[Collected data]
↓

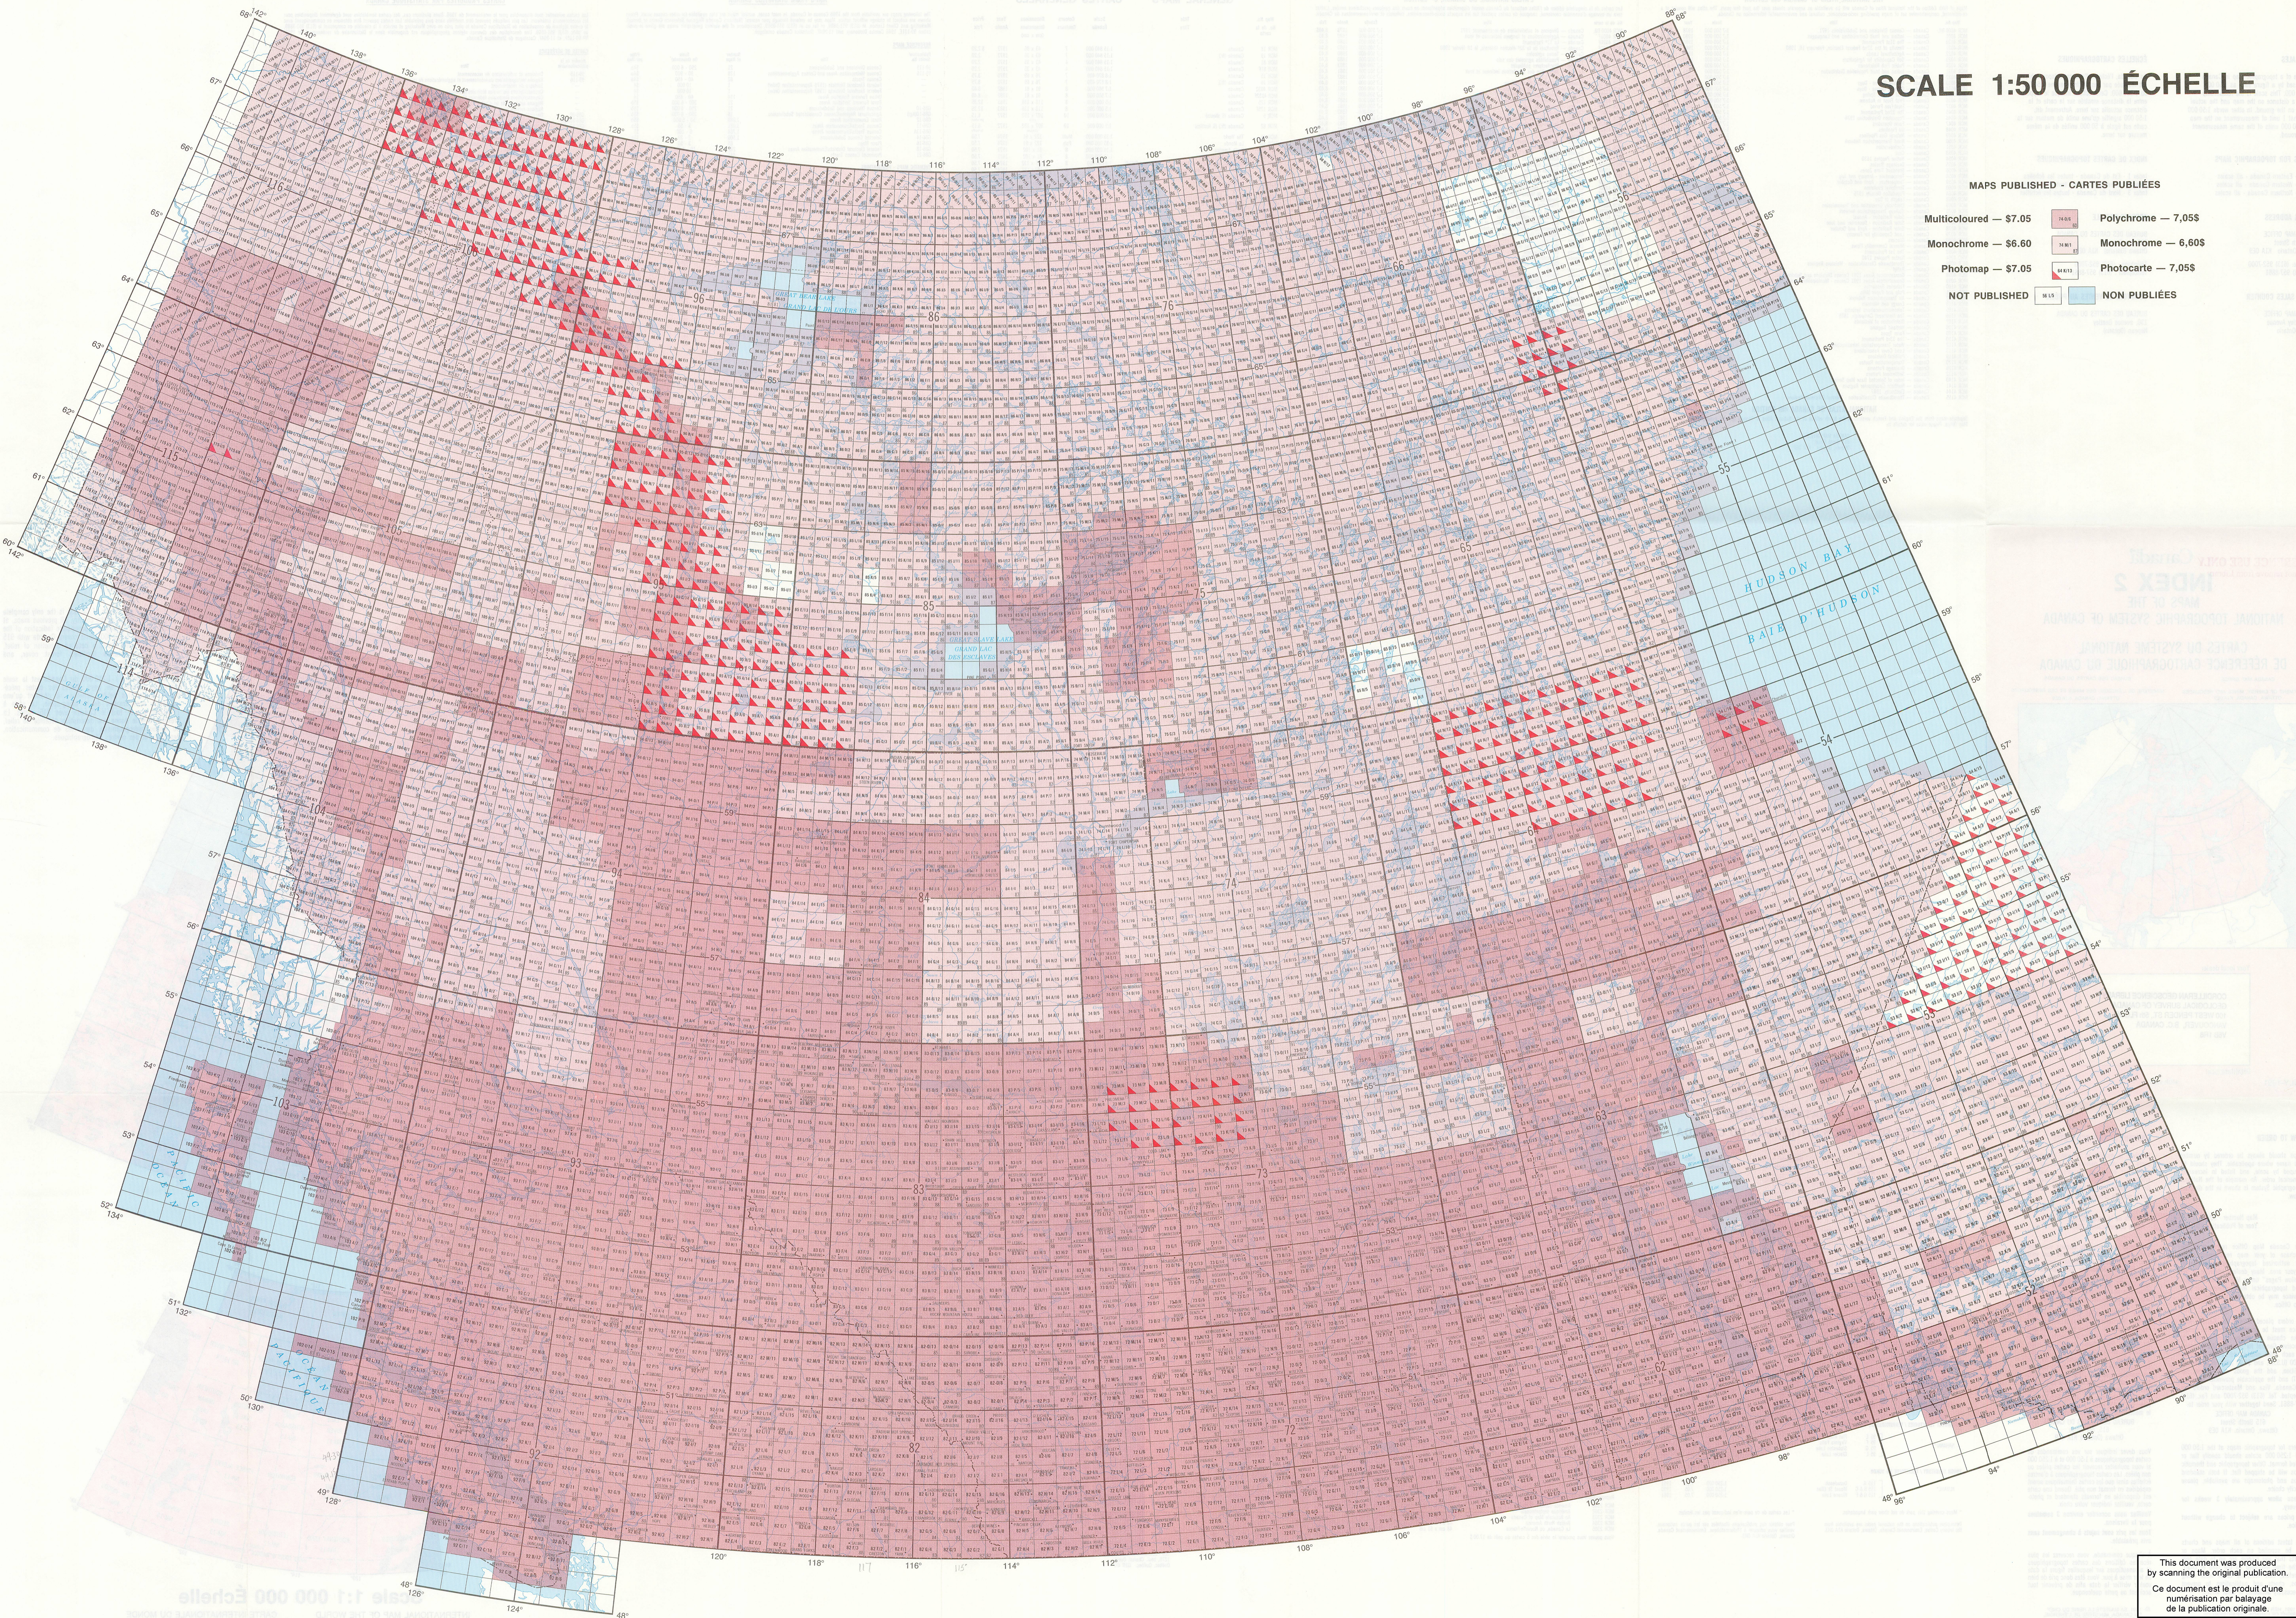

SCALE 1:50 000 ÉCHELLE

MAPS PUBLISHED - CARTES PUBLIÉES

Multicoloured — $7.05	7406	Polychrome — 7,05$
Monochrome — $6.60	7401	Monochrome — 6,60$
Photomap — $7.05	6403	Photocarte — 7,05$
NOT PUBLISHED	6405	NON PUBLIÉES
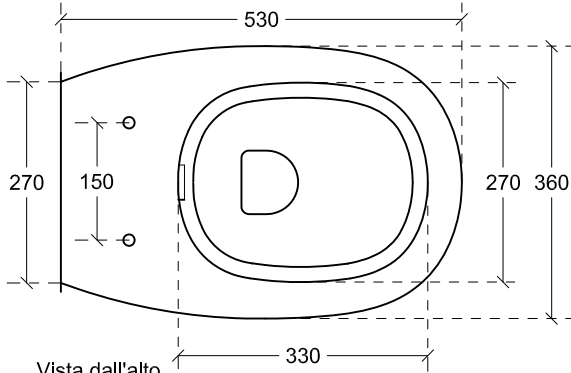

## Italy

Serie EDEN

Art.7212

Vaso sospeso senza brida.

Wul-hung w.c., no RIM.

Inodoro suspendido, sin canal de lavado.

Vista dall'alto  
Top View  
Vista desde arriba  
Vue du haut

Vista frontale  
Frontal View  
Vista frontal  
Vue frontale

Vista posteriore  
Rear View  
Vista Posterior  
Vue arrière

Vista laterale  
Lateral View  
Vista lateral  
Vue latérale

Sezione  
Section  
Sección  
Section

**Galassia S.p.a.**

Zona Industriale Loc. Pantalone  
01030 Corchiano (VT) - Italia  
www.ceramicagalassia.com
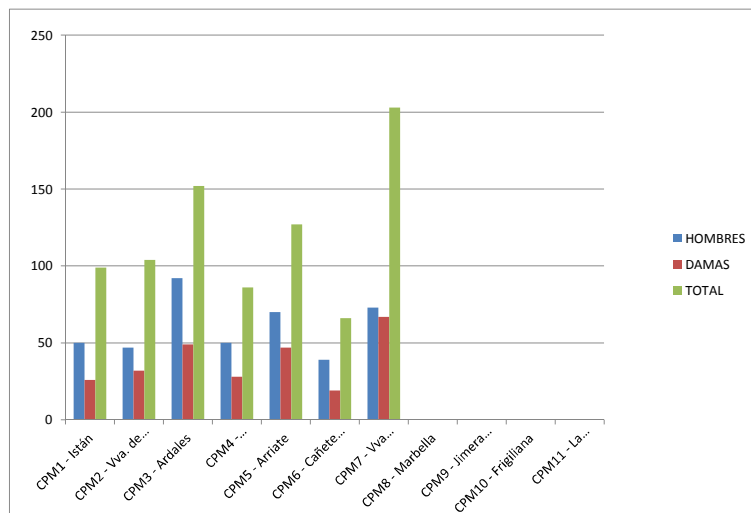

INFORME ESTADÍSTICO "XVII CIRCUITO PROVINCIAL DE ORIENTACIÓN - DIPUTACIÓN DE MÁLAGA" 2018

Participaciones por Jornada

	Hombres	Mujeres	Mixto	TOTAL
CPM1 - Istán	50	26	23	99
CPM2 - Vva. de Tapia	47	32	25	104
CPM3 - Ardales	92	49	11	152
CPM4 - Montecorto	50	28	8	86
CPM5 - Arriate	70	47	10	127
CPM6 - Cañete la Real	39	19	8	66
CPM7 - Vva Concepción	73	67	63	203
CPM8 - Marbella	0	0	0	0
CPM9 - Jímera Líbar	0	0	0	0
CPM10 - Frigiliana	0	0	0	0
CPM11 - La Viñuela	0	0	0	0
	421	268	148	837

Participaciones por Categoría

	Hombres	Mujeres	Mixto	TOTAL
Correlin	9	7		16
Iniciación BÁSICA	54	67		121
Iniciación AVAN.	28	49		77
Familiar			111	111
O-Can			3	3
<10 Guiado			15	15
U-10			19	19
10	0	0		0
12	45	10		55
14	29	43		72
16	21	5		26
18	10	0		10
SENIOR-B	19	39		58
SENIOR-A	87	21		108
VET-35	58	14		72
VET-45	36	12		48
VET-55	25	1		26
	421	268	148	837
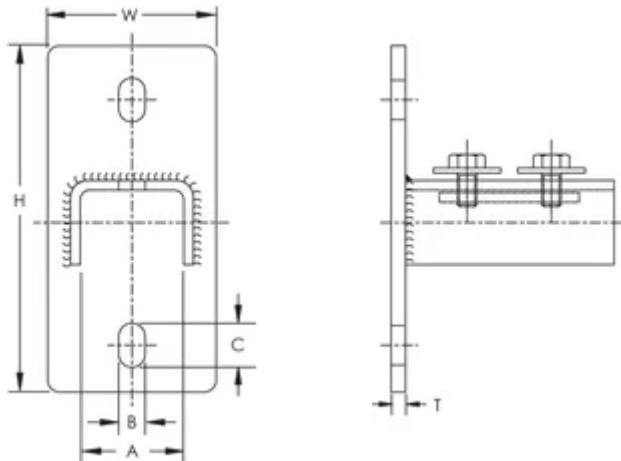

Număr de catalog	Article Number	Width (W)	Thickness (T)	A	B	C
APXSTRUTS6	584820	70 mm	6 mm	43 mm	12 mm	19 mm

DIAGRAMS

AVERTIZARE

Produsele nVent trebuie instalate și utilizate numai așa cum este indicat în fișele de instrucțiuni și materialele de formare ale nVent. Fișele de instrucțiuni sunt disponibile pe www.nvent.com și de la reprezentantul dvs. de servicii clienți nVent. O instalare incorectă, o utilizare abuzivă, o aplicare greșită sau orice altă lipsă de respectare completă a instrucțiunilor și avertismentelor nVent poate duce la defectarea produsului, la deteriorarea proprietății, la răni corporale grave și moarte și/sau poate anula garanția dvs.

North America

+1.800.753.9221
Option 1 – Customer Care
Option 2 – Technical
Support

Europe

Netherlands:
+31 800-0200135
France:
+33 800 901 793

Europe

Germany:
800 1890272
Other Countries:
+31 13 5835404

APAC

Shanghai:
+ 86 21 2412 1618/19
Sydney:
+61 2 9751 8500

Portofoliul nostru puternic de mărci:

CADDY ERICO HOFFMAN ILSCO SCHROFF TRACHTE

↑

§ ACTIVITY
Write out again exactly the lines above from the one with "Vaso sospeso senza brida." through the one with "CPM9 - Jímera", adding no other lines and no pictures.

§ SOLUTION FOR THIS EXERCISE
Vaso sospeso senza brida.

Wul-hung w.c., no RIM.

Inodoro suspendido, sin canal de lavado.

Vista dall'alto  
Top View  
Vista desde arriba  
Vue du haut

Vista frontale  
Frontal View  
Vista frontal  
Vue frontale

Vista posteriore  
Rear View  
Vista Posterior  
Vue arrière

Vista laterale  
Lateral View  
Vista lateral  
Vue latérale

Sezione  
Section  
Sección  
Section

**Galassia S.p.a.**

Zona Industriale Loc. Pantalone  
01030 Corchiano (VT) - Italia  
www.ceramicagalassia.com

INFORME ESTADÍSTICO "XVII CIRCUITO PROVINCIAL DE ORIENTACIÓN - DIPUTACIÓN DE MÁLAGA" 2018

Participaciones por Jornada

	Hombres	Mujeres	Mixto	TOTAL
CPM1 - Istán	50	26	23	99
CPM2 - Vva. de Tapia	47	32	25	104
CPM3 - Ardales	92	49	11	152
CPM4 - Montecorto	50	28	8	86
CPM5 - Arriate	70	47	10	127
CPM6 - Cañete la Real	39	19	8	66
CPM7 - Vva Concepción	73	67	63	203
CPM8 - Marbella	0	0	0	0
CPM9 - Jímera Líbar	0	0	0	0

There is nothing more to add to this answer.